By Jessica Davis

– Eighty-seven percent of healthcare IT security leaders say they don’t have the personnel needed to achieve a more effective security posture, as more than half of healthcare organizations experienced a cyberattack in the past year, according to a new report from Keeper Security.

The numbers are slightly worse than the 2017 Department of Health and Human Services’ Cyber Security Task Force report that showed three in four hospitals were operating without a designated security person.

In total, two-thirds of healthcare providers around the globe have faced a cyber event in their lifetime.

Ponemon Institute conducted the survey of 2,391 IT and IT security leaders around the world to get a sense of the current threat landscape.

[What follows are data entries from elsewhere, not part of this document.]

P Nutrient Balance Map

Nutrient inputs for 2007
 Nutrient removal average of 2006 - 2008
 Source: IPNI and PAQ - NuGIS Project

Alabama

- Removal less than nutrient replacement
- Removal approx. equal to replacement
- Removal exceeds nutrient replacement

The report showed that while it’s true attacks are becoming increasingly sophisticated and targeted, the real challenge for healthcare lies in staffing and budgetary constraints. Just one-third of respondents said they had a sufficient budget for supporting strong IT security.

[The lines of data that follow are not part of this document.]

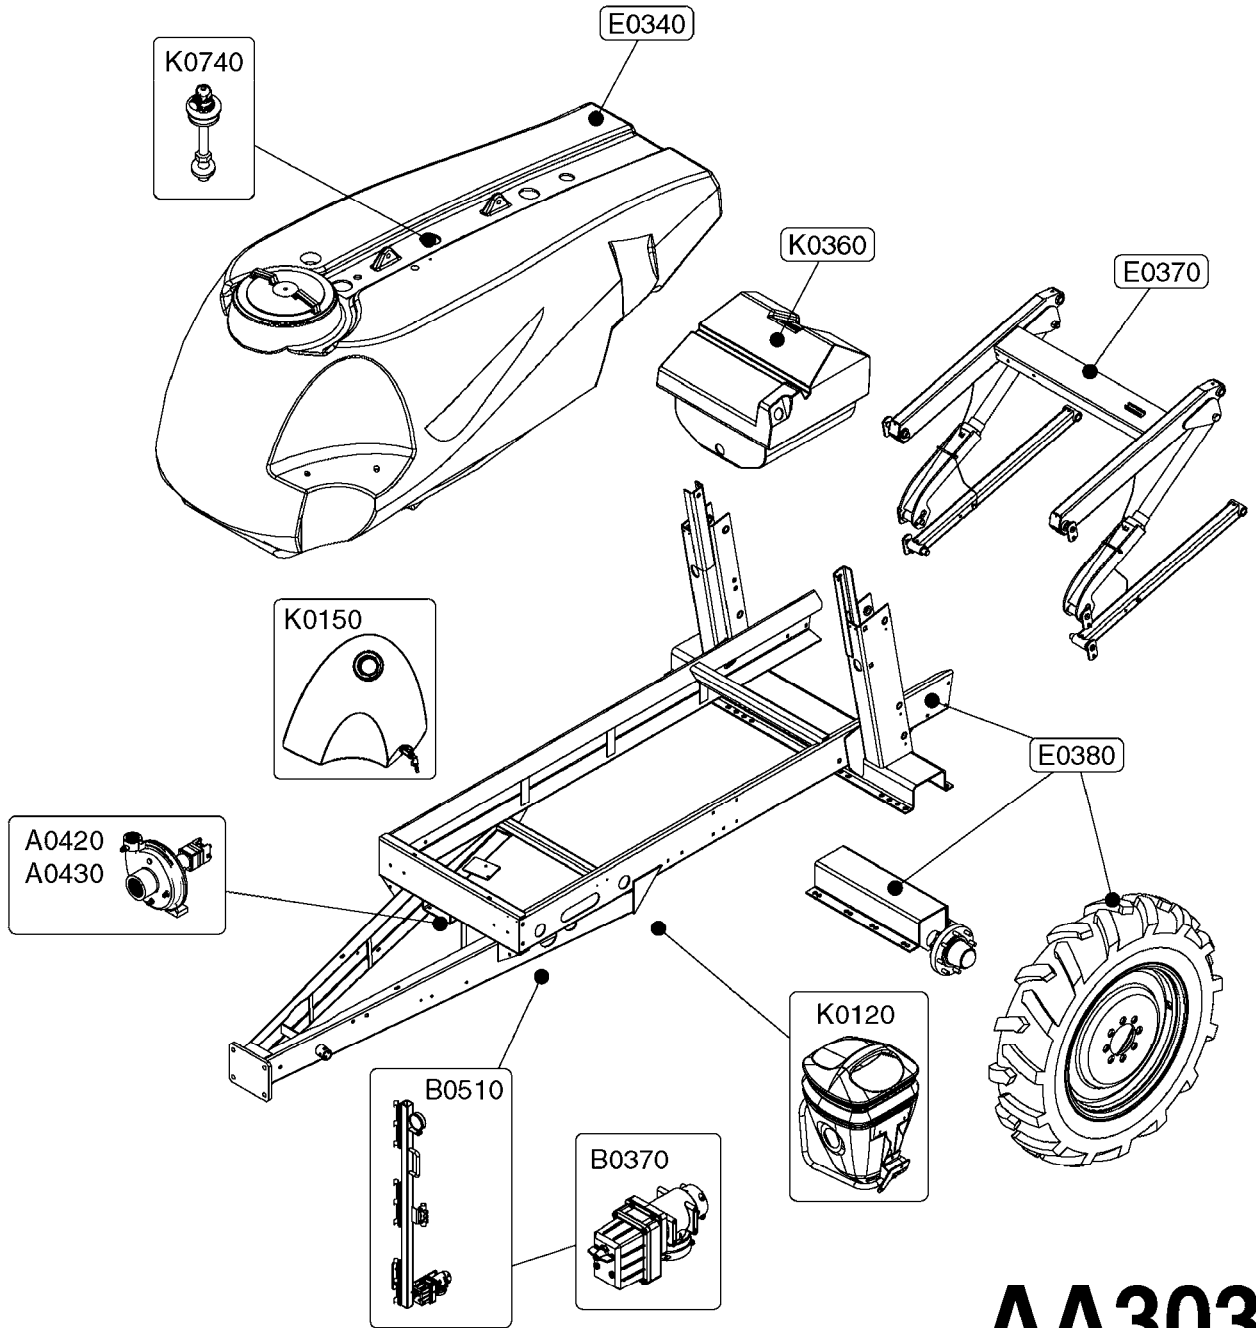

FOR PRE-2016 100 SERIES PTO PARTS
SEE PAGES A0510, A0520, A0560, A0570

COMPLETE ASSEMBLIES
WHOLEGOODS ITEMS

A0600

PTO SHAFTS - BONDIOLI G-SERIES
A0600-HIN, 23:10:18

Page 1
Date 07.02.2020 10:36

parts-n°	order qty	description
289041	1	PTO YOKE 1-3/8" X 6 SPLINE
421024	1	BOLT HEX 8.8 DEL M8X60
450015	1	SCREW ALLAN 3/8'X5/8' BLACK
460143	1	SELF LOCK NUT M8 SST A2 DIN985
829445	1	PTO 1-3/8/6X1-3/8/6X810M AXIAL
28009803	1	PTO PIN TUBE RETAINER OUTER
28009903	1	PTO TUBE RETAINER INNER
28010103	1	PTO YOKE F.INNER TUBE CV PTO
28010203	1	PTO YOKE 1-3/8X21SPL
28015303	1	PTO YOKE 1-3/8"X21 BALL COLLAR
28015703	1	PTO YOKE 1-3/4"X20 SPL OUTER
28020203	1	PTO 1-3/4/20x1-3/8/21 BP L=860
28020303	1	PTO 1-3/8/21 x 1-3/8/21 B&P
28021403	1	PTO 1"STR/1-3/8" 6SPL B&P
28021503	1	PTO 1"STR/1-3/8" 21SPL B&P
28040503	1	UNIV. JOINT 27x74.6mm
28040703	1	SAFETY CHAIN F.CV BLACK PTO (SET OF 2)
28040903	1	SELF TAPPING SHIELDING SCREW
28041803	1	DECAL DANGER GUARD MISSING
28041903	1	DECAL DANGER ROT.DRIVELINE
28042803	1	UNIV. JOINT 30.2x79.4mm F/BLK.
28056703	1	PTO YOKE #1 1-3/8" X 6 SPLINE
28056803	1	PTO YOKE #1 1-3/8" X 21 SPLINE
28057003	1	PTO TUBE YOKE #1-G1 OUTER
28057203	1	PTO PIN TUBE RETAINER OUTER
28057303	1	PTO TUBE OUTER #1 745MM
28057403	1	PTO TUBE OUTER #4 720MM
28057503	1	PTO TUBE INNER #1 745MM
28057603	1	PTO TUBE INNER #4 720MM
28057703	1	PTO TUBE RETAINER INNER
28057803	1	PTO TUBE YOKE #1 Ø=1"
28058503	1	PTO TUBE YOKE #1-G1 INNER
28075103	1	TRACK 249" X 18" (45-1801)
28098503	1	PTO TUBE YOKE #2-G2 OUTER
28098603	1	PTO TUBE YOKE #2-G2 INNER
28098703	1	PTO TUBE YOKE OUTER
28098803	1	PTO TUBE YOKE INNER
28099003	1	PTO TUBE INNER #2 735MM
28099103	1	PTO TUBE OUTER #2 735MM
28099403	1	PTO TUBE INNER 660MM
28099603	1	PTO TUBE OUTER 660MM
28099903	1	ROLL PIN
28100103	1	ROLL PIN
28100203	1	UNIV. JOINT S1-G1 22X54MM
28100303	1	UNIV. JOINT S2-G2 23.8X61.3MM
28100703	1	PTO SHIELD COMPLETE BLACK
28100803	1	PTO SHIELD COMPLETE
28100903	1	PTO SHIELD COMPLETE
28101003	1	PTO SHIELD COMPLETE

In fact, 90 percent of healthcare organizations dedicate less than 20 percent of their IT budget to cybersecurity. The average amount is just 13 percent. An earlier report from Black Book research showed that budget constraints make it difficult to replace legacy software and budgets have remained level since 2016 – despite the increase in frequency and sophistication of attacks.

According to the Keeper report, healthcare organizations are then spending an average of $1.8 million in recovery costs stemming from the disruption of normal care operations.

In the last half of 2019  alone, dozens of providers were forced offline due to ransomware attacks, while cyberattacks on three IT vendors forced hundreds of dental and nursing facilities offline.

Despite the need, just half of respondents said they have a plan for responding to a cyberattack.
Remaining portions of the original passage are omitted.